Where does the word "avec" occur in the entries below? Copy every line that has it.
-------- Material provided
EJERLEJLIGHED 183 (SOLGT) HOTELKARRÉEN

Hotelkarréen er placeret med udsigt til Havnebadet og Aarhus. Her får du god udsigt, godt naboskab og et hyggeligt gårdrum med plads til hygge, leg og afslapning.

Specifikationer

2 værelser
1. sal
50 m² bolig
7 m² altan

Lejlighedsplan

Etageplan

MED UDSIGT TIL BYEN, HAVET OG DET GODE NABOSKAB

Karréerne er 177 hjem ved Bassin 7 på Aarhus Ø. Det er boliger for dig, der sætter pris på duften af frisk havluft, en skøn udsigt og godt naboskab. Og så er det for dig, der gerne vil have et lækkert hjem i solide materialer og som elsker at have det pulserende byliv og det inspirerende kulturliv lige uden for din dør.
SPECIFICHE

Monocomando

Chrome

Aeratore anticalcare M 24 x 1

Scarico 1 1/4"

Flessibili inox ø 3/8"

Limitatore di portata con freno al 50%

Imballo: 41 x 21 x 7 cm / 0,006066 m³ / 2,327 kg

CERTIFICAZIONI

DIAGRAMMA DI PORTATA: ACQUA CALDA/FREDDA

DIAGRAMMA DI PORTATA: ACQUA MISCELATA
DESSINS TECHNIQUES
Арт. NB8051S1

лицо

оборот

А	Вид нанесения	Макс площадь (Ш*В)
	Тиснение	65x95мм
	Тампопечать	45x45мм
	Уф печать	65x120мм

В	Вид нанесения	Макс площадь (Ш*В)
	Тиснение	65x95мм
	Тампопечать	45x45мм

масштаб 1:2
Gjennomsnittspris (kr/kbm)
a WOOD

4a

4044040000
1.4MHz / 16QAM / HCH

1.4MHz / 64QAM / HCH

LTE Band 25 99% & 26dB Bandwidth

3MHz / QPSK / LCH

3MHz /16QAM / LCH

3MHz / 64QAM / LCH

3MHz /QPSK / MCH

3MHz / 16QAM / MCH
----------------
-------- Material provided
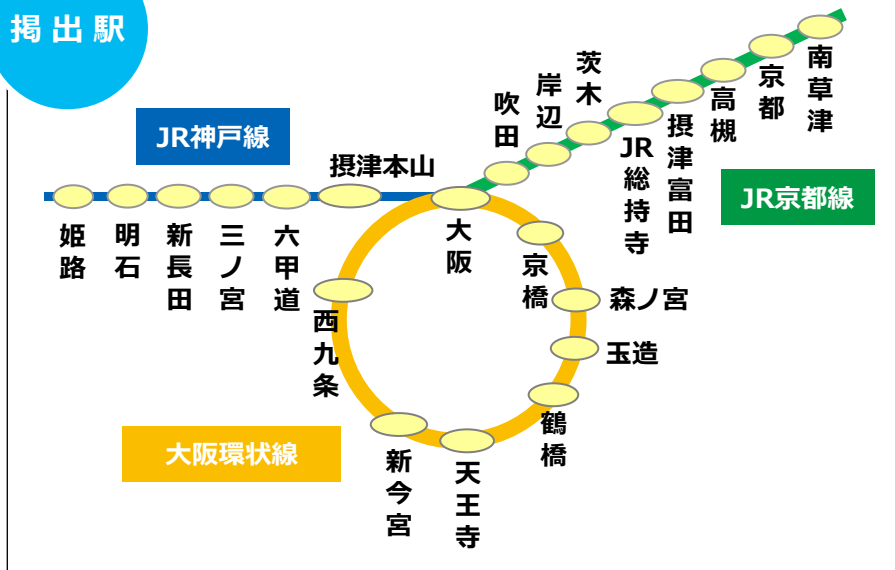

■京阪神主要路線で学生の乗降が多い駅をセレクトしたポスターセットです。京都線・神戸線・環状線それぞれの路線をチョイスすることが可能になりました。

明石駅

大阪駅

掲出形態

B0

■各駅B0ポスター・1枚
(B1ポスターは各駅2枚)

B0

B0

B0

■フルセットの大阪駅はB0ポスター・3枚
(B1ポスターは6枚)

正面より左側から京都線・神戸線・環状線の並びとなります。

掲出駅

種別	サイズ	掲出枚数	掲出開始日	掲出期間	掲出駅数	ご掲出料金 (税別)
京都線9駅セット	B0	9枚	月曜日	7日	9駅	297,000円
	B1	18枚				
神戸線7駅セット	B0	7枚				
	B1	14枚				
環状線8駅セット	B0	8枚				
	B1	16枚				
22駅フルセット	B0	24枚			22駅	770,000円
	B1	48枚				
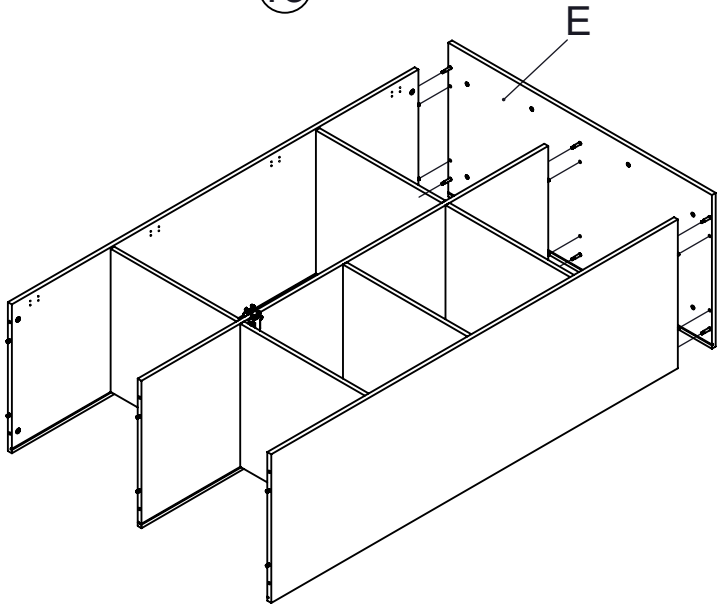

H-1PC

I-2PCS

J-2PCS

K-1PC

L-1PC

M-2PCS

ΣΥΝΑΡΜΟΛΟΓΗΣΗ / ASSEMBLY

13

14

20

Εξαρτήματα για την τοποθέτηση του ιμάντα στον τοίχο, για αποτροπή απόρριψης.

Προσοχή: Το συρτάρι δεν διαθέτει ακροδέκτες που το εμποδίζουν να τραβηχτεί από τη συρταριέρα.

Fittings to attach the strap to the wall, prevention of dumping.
----------------
-------- Material provided
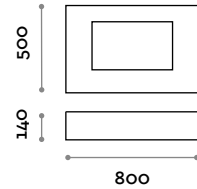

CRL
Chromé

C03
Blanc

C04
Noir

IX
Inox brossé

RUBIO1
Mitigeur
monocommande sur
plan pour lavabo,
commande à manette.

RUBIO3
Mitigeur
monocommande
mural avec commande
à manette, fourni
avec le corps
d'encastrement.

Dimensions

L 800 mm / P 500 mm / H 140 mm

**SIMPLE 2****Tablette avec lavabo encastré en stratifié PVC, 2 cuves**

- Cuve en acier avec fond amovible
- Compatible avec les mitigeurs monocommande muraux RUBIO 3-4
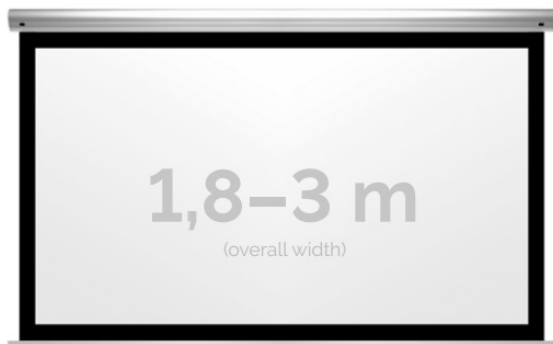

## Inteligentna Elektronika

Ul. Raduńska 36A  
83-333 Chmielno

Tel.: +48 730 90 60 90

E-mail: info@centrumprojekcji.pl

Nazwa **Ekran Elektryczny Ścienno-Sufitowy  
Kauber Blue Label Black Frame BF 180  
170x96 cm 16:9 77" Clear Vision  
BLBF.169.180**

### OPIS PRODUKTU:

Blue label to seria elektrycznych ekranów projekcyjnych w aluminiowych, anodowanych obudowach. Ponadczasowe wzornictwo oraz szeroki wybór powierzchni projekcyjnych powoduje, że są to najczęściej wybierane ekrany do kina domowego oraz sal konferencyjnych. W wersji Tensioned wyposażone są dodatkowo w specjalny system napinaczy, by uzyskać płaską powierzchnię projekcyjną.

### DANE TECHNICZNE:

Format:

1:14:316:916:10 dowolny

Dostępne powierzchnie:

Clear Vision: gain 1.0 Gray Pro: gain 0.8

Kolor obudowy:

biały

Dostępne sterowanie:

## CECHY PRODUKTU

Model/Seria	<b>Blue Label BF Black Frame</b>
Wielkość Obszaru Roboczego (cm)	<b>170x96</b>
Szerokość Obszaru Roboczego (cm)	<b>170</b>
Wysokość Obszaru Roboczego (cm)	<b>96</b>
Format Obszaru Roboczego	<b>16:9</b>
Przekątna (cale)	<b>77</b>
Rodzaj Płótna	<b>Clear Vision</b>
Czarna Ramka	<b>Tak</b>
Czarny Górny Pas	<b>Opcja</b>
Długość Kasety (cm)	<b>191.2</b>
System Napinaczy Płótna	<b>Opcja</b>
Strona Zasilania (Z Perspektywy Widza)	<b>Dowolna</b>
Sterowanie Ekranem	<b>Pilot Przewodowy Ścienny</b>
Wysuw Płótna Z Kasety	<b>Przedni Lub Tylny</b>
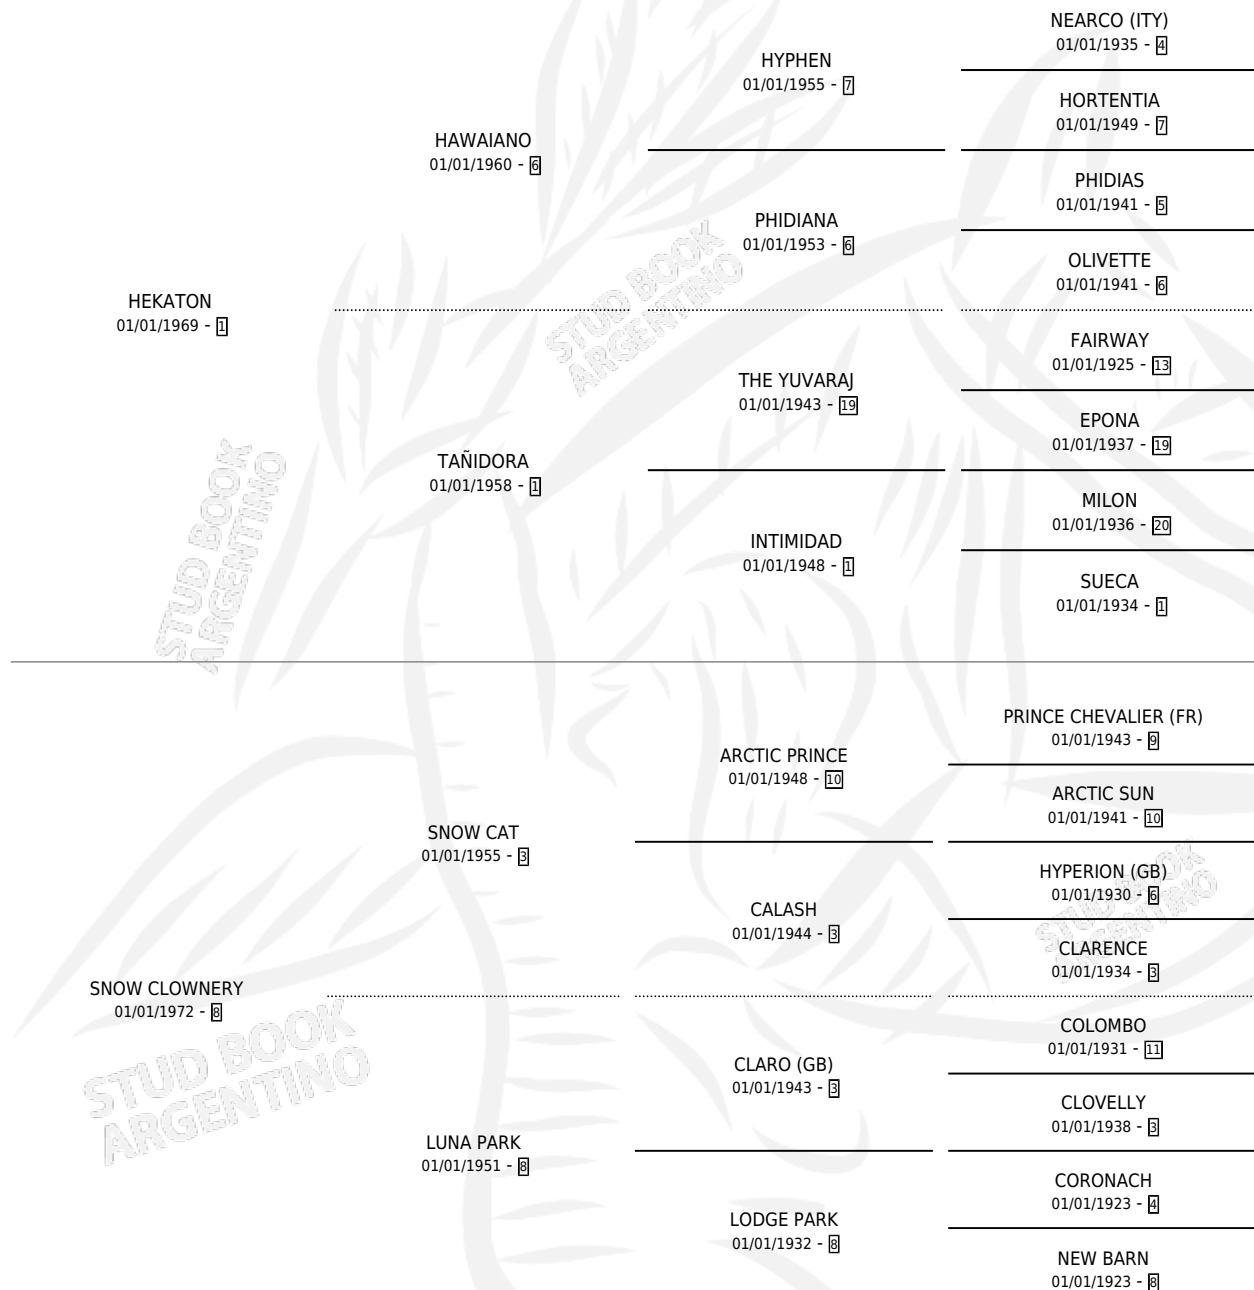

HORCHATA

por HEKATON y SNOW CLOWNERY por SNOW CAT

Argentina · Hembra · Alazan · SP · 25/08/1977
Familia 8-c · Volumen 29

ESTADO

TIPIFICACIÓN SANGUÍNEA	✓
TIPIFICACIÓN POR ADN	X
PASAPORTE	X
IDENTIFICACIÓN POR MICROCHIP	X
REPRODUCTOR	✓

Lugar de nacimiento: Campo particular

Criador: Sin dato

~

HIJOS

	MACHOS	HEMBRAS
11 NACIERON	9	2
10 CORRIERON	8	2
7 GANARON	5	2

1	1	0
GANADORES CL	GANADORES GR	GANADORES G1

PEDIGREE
----------------
Solution for this task >>
mural avec commande
avec le corps
**SIMPLE 2****Tablette avec lavabo encastré en stratifié PVC, 2 cuves**
- Cuve en acier avec fond amovible
- Compatible avec les mitigeurs monocommande muraux RUBIO 3-4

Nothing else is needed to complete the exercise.